Baca berita dengan sedikit iklan, klik di sini
MENJELANG Sidang Paripurna DPR Senin pekan ini, secara mendadak Fraksi TNI/Polri mengganti sembilan anggotanya di DPR. Apakah pergantian itu ada kaitannya dengan akan keluarnya Memorandum II? Pihak Mabes TNI sendiri membantah hal itu. Namun, opini yang berkembang menyebutkan, pergantian itu pastilah memiliki muatan politis yang berkaitan dengan Memorandum II.

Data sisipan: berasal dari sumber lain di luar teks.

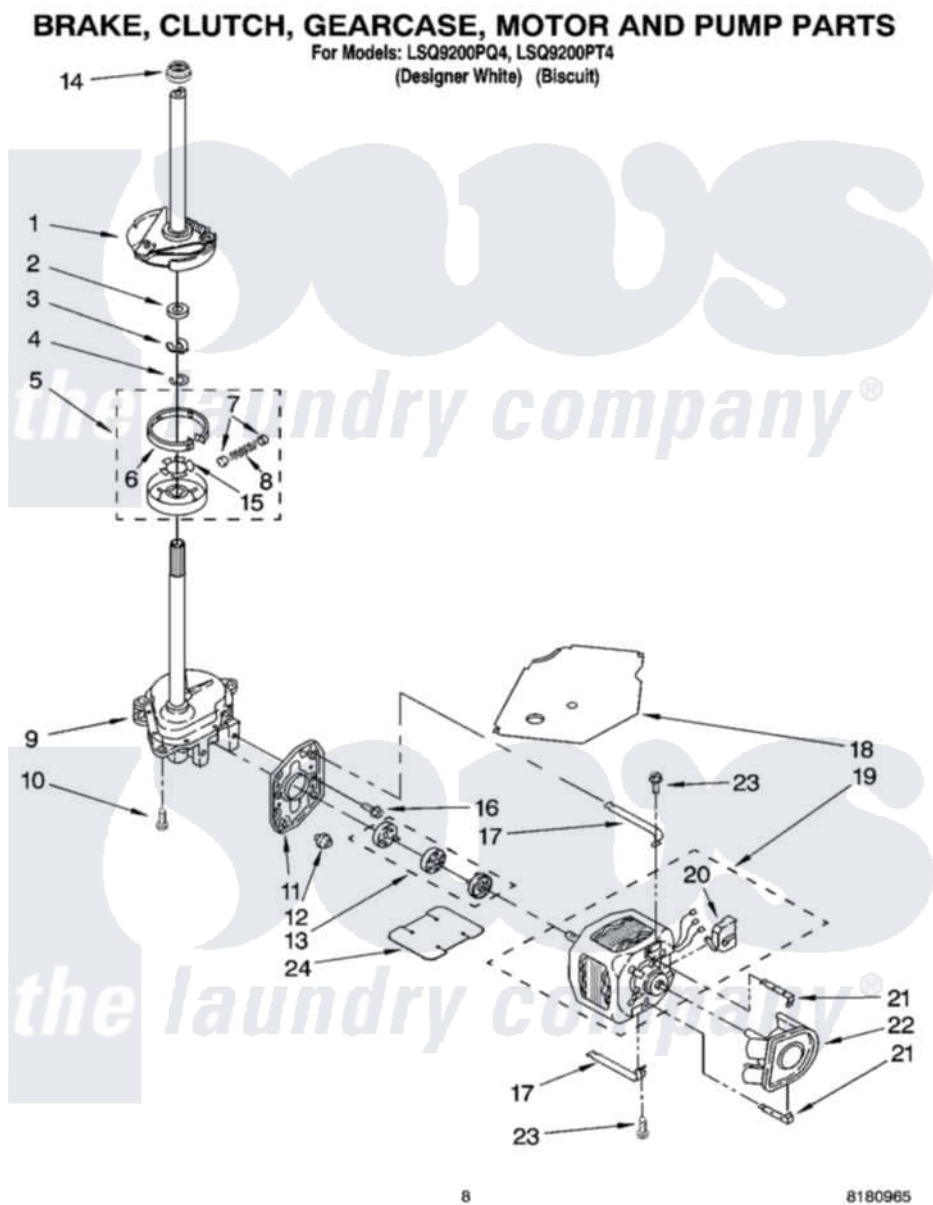

# Whirlpool LSQ9200PT4 05 - BRAKE, CLUTCH, GEARCASE, MOTOR AND PUMP PARTS

Whirlpool [Residential Whirlpool LSQ9200PT4 Washer Parts](#) Parts Diagram 05 - BRAKE, CLUTCH, GEARCASE, MOTOR AND PUMP PARTS  
Click on the part number to view part

Item	Original Part Number	Replaced By	Status	Part Description
1	388952	<a href="#">285792</a>		Basketdrive
2	<a href="#">63292</a>			Washer, Spin Tube Thrust
3	62697	<a href="#">W10080230</a>		Ring, Spin Tube Support
4	63283	<a href="#">285353</a>		Ring
5	3951311	<a href="#">285785</a>		Clutch
6	3951308	<a href="#">285790</a>		Lining
7	<a href="#">62646</a>			Cap, Clutch Spring
8	<a href="#">3946792</a>			Spring And Damper Assembly
9	3360630	<a href="#">3360629</a>		Gearcase
10	3357334	<a href="#">3400516</a>		Screw Anti-Rattle
11	<a href="#">62611</a>			Plate, Motor Mount To Gearcase
12	<a href="#">62691</a>			Grommet, Motor
13	285753	<a href="#">285753A</a>		Coupling
14	<a href="#">8577374</a>			Seal, Centerpost

15	<a href="#">3355454</a>		Clip, Main Drive
16	<a href="#">3400516</a>		Screw Anti-Rattle
17	3349637	<a href="#">W10086010</a>	Retainer, Motor
18	<a href="#">3362089</a>		Shield, Tub To Motor
19	8528157	<a href="#">661600</a>	Motor, Main Drive
20	<a href="#">3952056</a>		Switch, Main Drive Motor
21	<a href="#">8546127</a>		Retainer, Pump
22	<a href="#">3363394</a>		Pump
23	3387485	<a href="#">273556</a>	Screw, 10-16 X 5/8
24	<a href="#">3946532</a>		Shield, Motor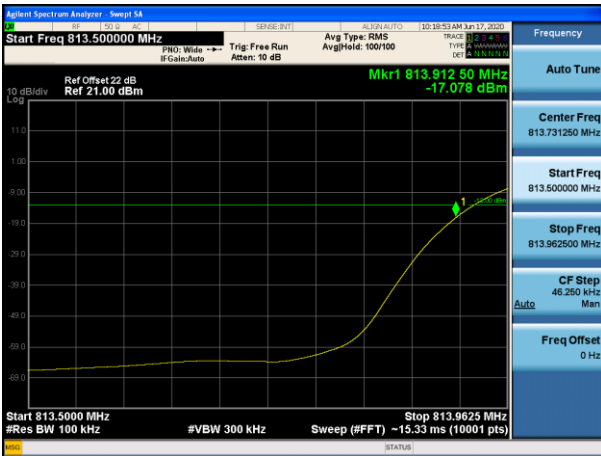

Channel 26691-1 tone offset 0, BW 3.75kHz, QPSK
Frequency greater 37.5kHz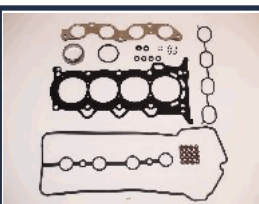

KG-273

04112-21040 -

TOYOTA YARIS (SCP1_, NLP1_, NCP1_) 1.3 16V (NCP10_)
TOYOTA YARIS (SCP1_, NLP1_, NCP1_) 1.5 VVT-i TS
TOYOTA YARIS VERSO (_NLP2_, _NCP2_) 1.3 (NCP22)

Kalau ini benar, sikap apa yang akan diambil Fraksi TNI/Polri dalam Sidang Pleno DPR itu? Apakah mereka akan berdiri serempak untuk menyetujui Memorandum II, ataukah menolaknya, atau duduk-duduk saja alias abstain? Ketika ulasan ini dibuat, secara resmi belum ada sikap dari fraksi yang tidak ikut pemilu itu apakah akan memihak atau abstain dalam melahirkan Memorandum II. Sepanjang yang bisa diprediksi, tampaknya TNI/Polri ingin bersikap netral kali ini. Jika itu benar, inilah sikap yang tepat. Untuk masa-masa genting seperti sekarang, kita membutuhkan TNI/Polri yang netral, dan itu harus pula ditunjukkan oleh "perwakilannya" di lembaga legislatif.
Ada beberapa alasan kenapa Fraksi TNI/Polri di DPR saat ini sebaiknya netral saja. Pertama, TNI dan Polri adalah milik seluruh rakyat, penegak keamanan, tempat masyarakat berlindung dari rasa cemas dan waswas jika menyangkut masalah keamanan. Dengan bersikap netral, TNI dan Polri bisa mengambil tindakan yang keras terhadap pemicu rasa tak aman, pembuat onar dan anarkis, tanpa memandang apakah yang dihadapi itu kelompok yang pro atau kontra Presiden Abdurrahman. Jika TNI dan Polri tidak netral, institusi ini akan mudah menerima tuduhan bahwa mereka pilih kasih dan hanya "menyikat" lawan-lawan politiknya dari kubu tertentu.
Alasan kedua, TNI dan Polri tidak ikut pemilu sehingga kekuatan riilnya di tengah masyarakat tidak ada atau semu. Memang, sering kali dikatakan oleh pimpinan TNI/Polri bahwa meski tidak ikut pemilu, kehadiran mereka di DPR juga menyerap aspirasi rakyat. Tetapi bagaimana menggambarkan aspirasi itu, di wilayah mana aspirasi itu diserap, pada akar rumput mana aspirasi itu dipungut?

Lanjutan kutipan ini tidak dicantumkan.